About our maps

As always we are trying to get most things right here, so we are trying very hard to provide the best maps.

For this we are working with OpenStreetMap, an open-source and open-data collective database where everyone can contribute to the maps. Because the data is free for everyone, the project started in 2009 with a completely blank map of the world. Since then thousands of contributors have recorded GPS tracks, and drawn roads, paths and cities from aerial imagery. And the work has been amazing, and once the maps have been filled they have incredible details you won’t find in any other map.

But it is still incomplete. Some roads might be missing, or incorrectly drawn, or have a wrong name. And walking tracks may be missing for entire regions or countries, or just be wrong.
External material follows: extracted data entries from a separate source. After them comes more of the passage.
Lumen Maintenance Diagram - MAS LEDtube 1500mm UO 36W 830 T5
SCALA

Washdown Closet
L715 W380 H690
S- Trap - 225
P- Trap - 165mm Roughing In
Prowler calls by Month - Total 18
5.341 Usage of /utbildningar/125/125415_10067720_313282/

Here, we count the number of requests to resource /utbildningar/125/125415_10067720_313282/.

So for every GPS track we are providing here we checked that the walking track on OSM is mostly accurate (using our notes from the track, aerial imagery, and sometimes our own recorded GPS trace), and if it’s not we fix it, or we draw it on the map if it is missing. Just like the one below:

Download GPS trace | Open map in new tab

If we don’t have enough confidence or data to do it, we just provide an interactive map showing the start of the walk, in this case you’ll have to follow the guide and a conventional or commercial map. This is an example of this:

Open map in new tab

To make it easier for you we are providing a few different maps on this website:

  • World Topo, OpenStreetMap, OpenCycleMap and Hære.net topo are all using the data from OpenStreetMap, but showing it differently.
  • Roads is a road map from Nokia HERE. This is professional data, very accurate, that is used in Garmin, Lowrance and Navigon devices, as well as in most new cars.
  • Satellite shows high-resolution satellite imagery of the area.
  • New Zealand only: LINZ are the topographic maps of New Zealand, provided by the national agency for land information. Maps are licensed under Creative Commons, and that’s great!
  • France only: IGN is the national agency for land information in France and provides topo maps of the country.
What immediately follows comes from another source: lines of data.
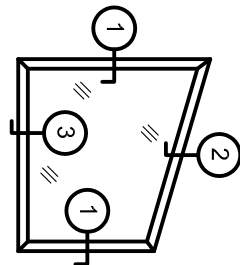

Storm Windows & Doors

Mon-Ray, Inc.
Phone: (800) 544-3646
Fax: (763) 546-8977
www.monray.com

SQUARE

OCTAGON

TRAPEZOID

②
HEAD

①
JAMB

③
SILL

FULL SCALE (11 x 17)

HALF SCALE (8-1/2 x 11)

MON-RAY MODEL 403 - EXTERIOR REMOVABLE
SCREW OR PANEL CLIP MOUNT

TYPICAL
DETAIL

STANDARD WITH 1/8" CLEAR FLOAT GLASS

DRAWING
P403-001
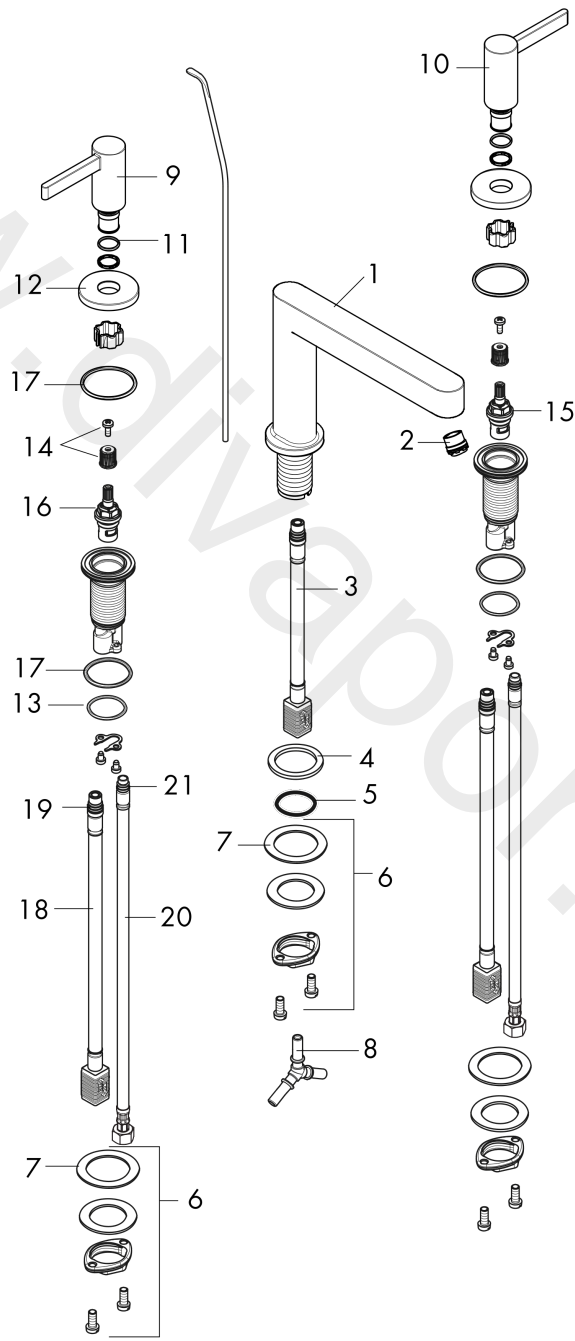

### 3-hole basin mixer 110 with push-open waste set

Finish: **Chrome** Article Number: **76033001**

##### product features

- consists of: 3-hole basin mixer, waste set
- ComfortZone 110
- projection: 169 mm
- handle variant: lever handle
- spray type: laminar spray
- maximum flow rate at 3 bar: 4,5 l/min
- ceramic valves hot/cold 90°
- suitable for continuous flow water heaters
- pop-up waste set G 1
- material waste set: metal
- connection type: G 3/8 compression
- connection dimension: DN15

#### Product image

**Finoris**  
**3-hole basin mixer 110 with push-open waste set**  
 Finish: **Chrome** Article Number: **76033001**

**Exploded Drawing**

Year of production: >11/21

**Finoris****3-hole basin mixer 110 with push-open waste set**Finish: **Chrome** Article Number: **76033001****Spare part list**

Year of production: &gt;11/21

Pos.	Description	Article Number	Price	PU
2	spray former	93973000	£ 25,00	1
3	connection hose 200 mm M10x1	92913000	£ 51,00	1
4	flat seal	98749000	£ 6,10	1
5	O-ring 26x4	92191000	-	1
6	fixing set (Ø 28)	92909000	£ 43,00	1
7	lever collar	97548000	£ 3,30	1
8	hose connection angel	92905000	£ 43,00	1
9	handle for hot water	93969000	-	1
10	handle for cold water	93970000	-	1
11	O-Ring 14x1,5	98201000	£ 3,30	1
12	escutcheon for handle	92956000	£ 35,00	1
13	O-ring 26x2,5	98216000	£ 3,30	1
14	handle fixing set	98932000	£ 16,10	1
15	shut off unit right closing	98817000	£ 35,00	1
16	shut off unit left closing	95366000	£ 43,00	1
17	O-ring 33x2,5	92907000	£ 3,30	1
18	connection hose 400 mm M10x1	92914000	£ 64,00	1
19	O-ring 8x1,75	97827000	£ 3,30	1
20	connection hose 18½" M8x0,75 3/8"	96321001	-	1
21	O-ring 7x1,5	98422000	£ 3,30	1
a	pop up waste	88509000	-	1
b	pull rod	96657000	£ 13,30	1
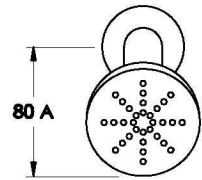

Brodware

YOKATO SHOWER SET WITH DISC HANDLES

1.9310.02.6.XX

PRODUCT DIMENSIONS:

Front view

Side view:

Topview:

XX suffix indicates finish – SEE WEBSITE FOR COLOUR CODE
Dimensions subject to change without notice
All dimensions are approximate
A = approximate distance
Copyright ©Brodware 2021

See below for ways to download and use those maps on your smartphone, tablet or GPS device.

Don’t follow GPS traces

We try to provide the most accurate tracks that we can, but GPS devices are not an exact science, and the coordinates they are showing or recording may be off by up to 20 meters. When you are walking in a forest with a lot of walking tracks, 20 meters may be enough to take the wrong intersection and get lost.

And sometimes we don’t record our own trace, and the one we provide was drawn from the map of the walking track: it may contain some mistakes.
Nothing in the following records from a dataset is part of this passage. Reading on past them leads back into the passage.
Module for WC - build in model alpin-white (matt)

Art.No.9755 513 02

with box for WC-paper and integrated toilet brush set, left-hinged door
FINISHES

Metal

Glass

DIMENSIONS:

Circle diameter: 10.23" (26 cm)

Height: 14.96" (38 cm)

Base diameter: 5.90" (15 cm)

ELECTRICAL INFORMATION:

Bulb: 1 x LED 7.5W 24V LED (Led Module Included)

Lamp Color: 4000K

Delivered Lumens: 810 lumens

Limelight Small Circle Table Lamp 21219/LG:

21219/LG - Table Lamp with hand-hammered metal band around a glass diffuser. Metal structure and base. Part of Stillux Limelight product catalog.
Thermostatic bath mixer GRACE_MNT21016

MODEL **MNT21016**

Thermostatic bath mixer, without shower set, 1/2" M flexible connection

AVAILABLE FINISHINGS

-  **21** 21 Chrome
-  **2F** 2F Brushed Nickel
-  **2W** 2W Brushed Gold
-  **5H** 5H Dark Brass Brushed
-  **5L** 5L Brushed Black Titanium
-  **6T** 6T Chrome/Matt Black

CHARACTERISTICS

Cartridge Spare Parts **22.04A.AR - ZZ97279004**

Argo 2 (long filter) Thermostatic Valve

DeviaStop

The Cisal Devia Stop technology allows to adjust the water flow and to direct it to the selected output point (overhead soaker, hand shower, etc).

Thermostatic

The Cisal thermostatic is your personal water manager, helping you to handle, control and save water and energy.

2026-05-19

So you shouldn’t trust and follow our GPS traces right to the meter. Or any GPS trace. You should follow signs, directions, and the compass (yes there is one in your smartphone or GPS), and then check if the direction you are following is somehow close to what the trace is. If 500 meters later you didn’t catch up with the trace, you are probably going in the wrong direction.

Be careful, don’t walk into a cliff by blindly following a GPS trace, be smart and walk with your senses, not with your GPS. It’s a great help, but it’s not a walking guide.


You might stumble upon some GPS coordinates in our guides to help you find a trailhead, a facility or something of interest. They appear like this: Lake Hart Lookout. On a mobile device you can click on the coordinates to launch your favorite mapping application, or you can just note the coordinates on paper and enter them later.

Printing maps

You can print OpenStreetMap, OpenCycleMap, IGN or Google maps from the JGN website, but we advise you to load them on your phone instead and spare some paper.

Downloading maps

If you want to use our GPS traces or follow our guides, we advise you to load the map of the area you are going to on your smartphone or tablet. For this we can help you with those solutions, they all are completely free:

  • On Android: install Orux Maps or Locus Maps, they are two very good mapping solutions for Android, and free.
  • For topo maps: you can download very detailed vector maps for every country in the world from OpenAndroMaps. They also provide very good themes to use with the vector maps. If you want to know how it looks, select Hære.net topo on the maps of this website, it’s the same thing.
  • For road maps: install the Nokia HERE app. This is basically a free navigation software, the same that is used in most new cars, and in Garmin or Navigon devices. You can download each country separately, you will be able to search street names, shops, public toilets, and more. It’s really good.
  • For LINZ maps (New Zealand): see this help page from NZTopoMaps.com for solutions to download and save some zones of the NZ map on your device, or alternatively you can download maps of the North or South Island to use with OruxMaps or Locus Maps: NZ Topographic maps for OruxMaps and LocusMaps.
  • For IGN maps (France): this government agency is against any use of its maps, and it is forbidden to download them. But you can print them from the JGN website. Do not buy their maps, they are often outdated, really expensive, and the paper quality is so poor that it’s hard to make a map last more than a few days.

If you don’t own a smartphone or tablet, a (slightly) older phone can often load Java applications (or J2ME or MIDP) so it can use the really good TrekBuddy software. To get the maps you will have to download them using Mobile Atlas Creator but it’s quite easy to use.

If you don’t own a phone, Mobile Atlas Creator can generate JPEG maps that you can save on your digital camera (and see them on the screen of the camera), or save them to a PDF file that you can print or put on your Kindle.